Ing is a Data Driven Experimental Enterprise, which is heavily investing in big data, analytics and streaming processing. As in many other enterprises, we deal with a large variety of data sources. Some are responsible for primary processes, while others are used to improve the quality of the service and to keep internal operations going on smoothly. The amount of data which must be handled goes beyond the computing performance of single machines, and vertical scalability is hardly an option. For this specific reason we are moving towards a scenario where machines are grouped into clusters and data is handled by distributed processing systems. An important building block in ING’s analytics journey is a state-of-the-art Data Lake. The data lake replaces several enterprise data warehouses and is the central repository for all types of data, supporting various types of queries for our stakeholders’ demands: batch, real-time, large and small datasets. Key elements of the ING’s Data Lake are RESTfull APIs, secured and managed access to big data storage and processing, and real-time streaming analytics.
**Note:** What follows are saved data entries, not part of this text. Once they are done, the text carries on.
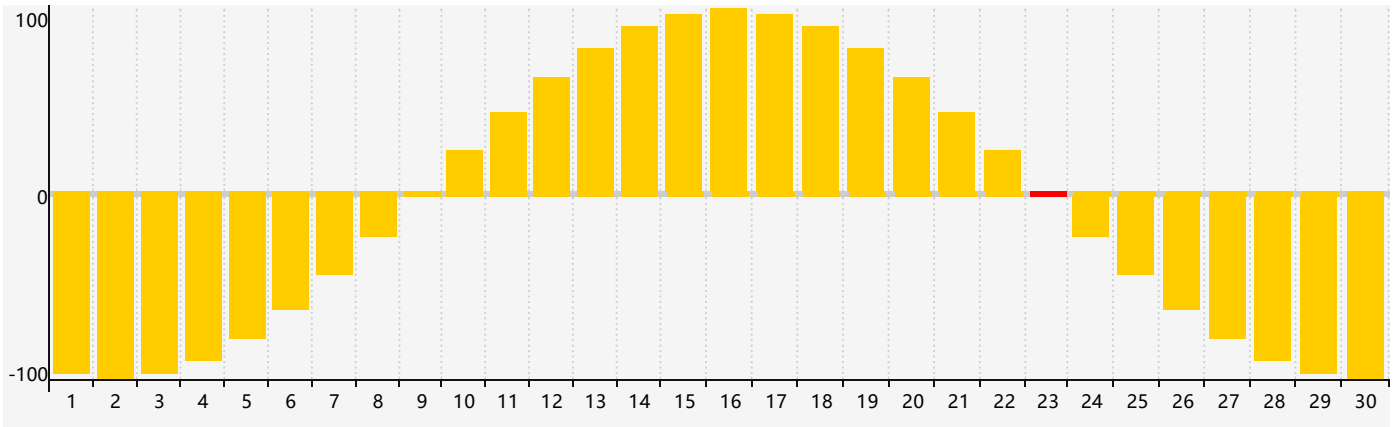

2018年11月智力生理周期曲线图

2018年11月情绪生理周期曲线图

2018年11月体力生理周期曲线图

公元2018年十一月 农历戊戌年 [狗年]

星期日	星期一	星期二	星期三	星期四	星期五	星期六
二十 28	廿一 29	廿二 30	廿三 31	廿四 1	廿五 2	廿六 3 智力临界期
廿七 4	廿八 5	廿九 6	立冬 三十 7	十月初一 8	初二 9	初三 10 体力临界期
初四 11	初五 12	初六 13	初七 14	初八 15	初九 16	初十 17
十一 18	十二 19	十三 20	十四 21	小雪 十五 22	十六 23 情绪临界期	十七 24
十八 25	十九 26	二十 27	廿一 28	廿二 29	廿三 30	廿四 1

Data is also being handled more often than not as streams and we are experimenting with Kafka and streaming computing to provide faster, more reactive and up-to-date user experiences and journeys. Finally, machine learning is aiding traditional sql analytics to provide better insight when it comes to operational excellence, business processes, marketing and security applications. In this talk we will start from traditional batch processes, touching upon the latest development about big data, data lakes and hadoop, to move further into the world of in-memory analytics. We will explore some of the fast and streaming data systems and tools in streaming Analytics such as Kafka, and Akka and describe some typical it architectures and data processing related to streaming data. We will illustrate a Ing open-sourced solution, realized in Akka, Scala, and Spray to deal with streaming event processing, named “Coral”. We are working with Hadoop, Spark, Scala, R and other technologies to set up a data lake where all data flows from the bank come together. Please join if you want to find out what’s involved in such a programme. We’ll share lessons learned, best practices and code!
Bio van Bas Geerdink & Natalino Busa Bas is a programmer, scientist, and IT manager. At ING, he is responsible for setting up a data lake where data from all core systems of the bank is gathered and distributed. His academic background is in Artificial Intelligence and Informatics. Bas has a background in software development, design and architecture with a broad technical view from C++ to Prolog to Scala. He occasionally teaches programming courses and is a regular speaker on conferences and informal meetings.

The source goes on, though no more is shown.